EXERCISE OBJECTIVE: Using the data below, copy each line that includes the word "AMSU".
-------- MATERIAL FOR THIS TASK --------
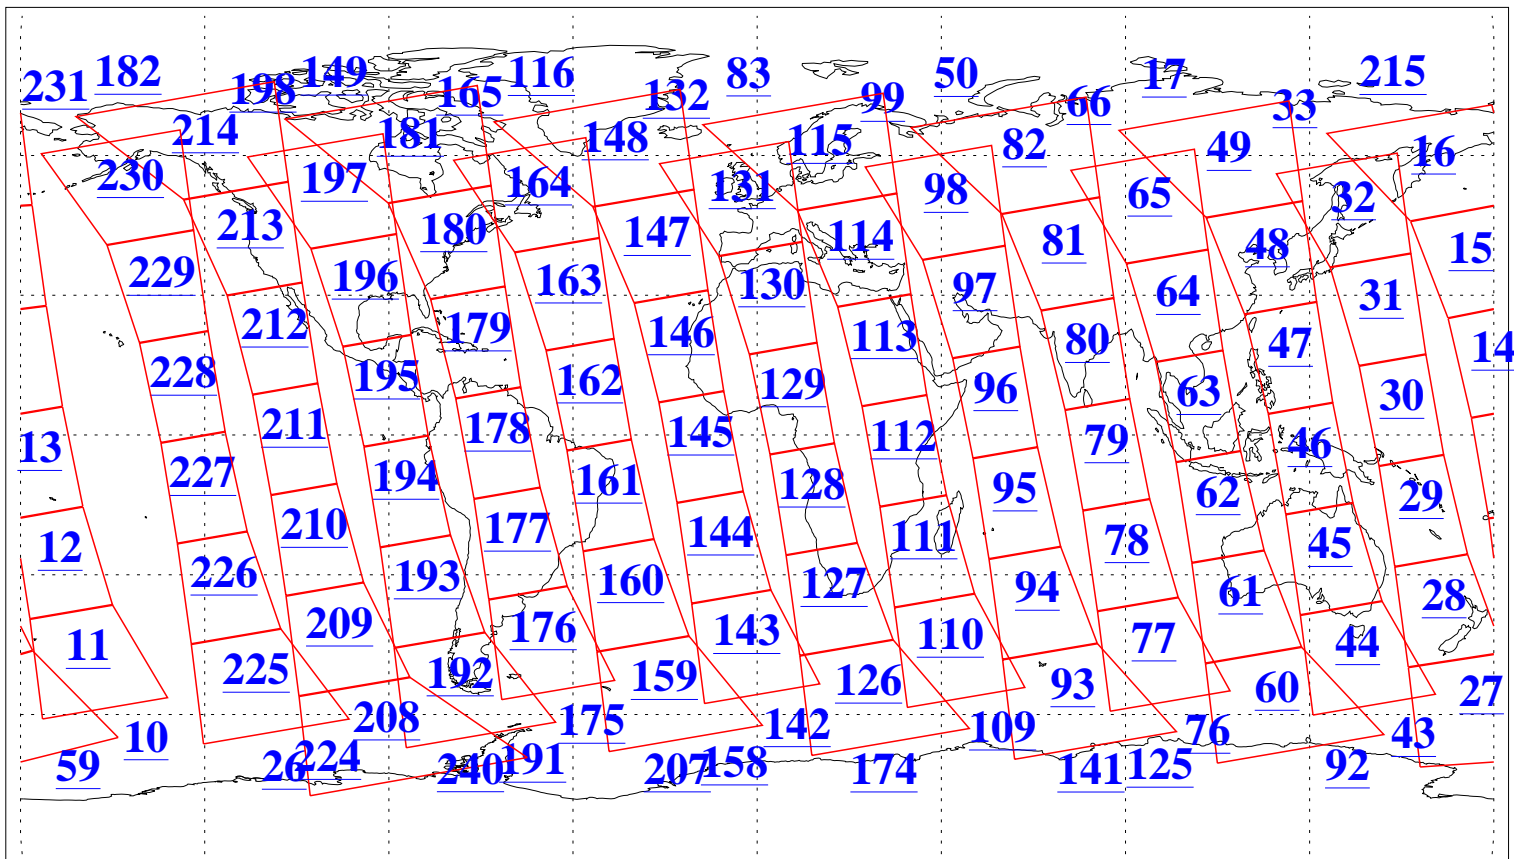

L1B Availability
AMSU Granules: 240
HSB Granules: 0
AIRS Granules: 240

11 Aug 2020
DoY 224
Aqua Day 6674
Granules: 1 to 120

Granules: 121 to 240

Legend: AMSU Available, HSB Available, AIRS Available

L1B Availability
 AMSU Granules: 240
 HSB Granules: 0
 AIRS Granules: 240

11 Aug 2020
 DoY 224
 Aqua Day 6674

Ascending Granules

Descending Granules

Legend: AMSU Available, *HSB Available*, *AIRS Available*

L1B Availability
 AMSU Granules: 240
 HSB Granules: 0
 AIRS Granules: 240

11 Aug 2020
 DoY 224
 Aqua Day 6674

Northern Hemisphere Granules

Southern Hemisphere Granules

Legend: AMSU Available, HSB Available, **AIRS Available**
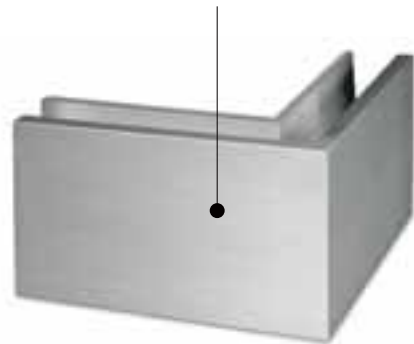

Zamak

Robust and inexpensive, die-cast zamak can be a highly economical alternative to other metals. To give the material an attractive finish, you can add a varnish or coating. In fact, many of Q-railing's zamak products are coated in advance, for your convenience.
--------
TASK SOLUTION:
AMSU Granules: 240
Legend: AMSU Available, HSB Available, AIRS Available
 AMSU Granules: 240
Legend: AMSU Available, *HSB Available*, *AIRS Available*
 AMSU Granules: 240
Legend: AMSU Available, HSB Available, **AIRS Available**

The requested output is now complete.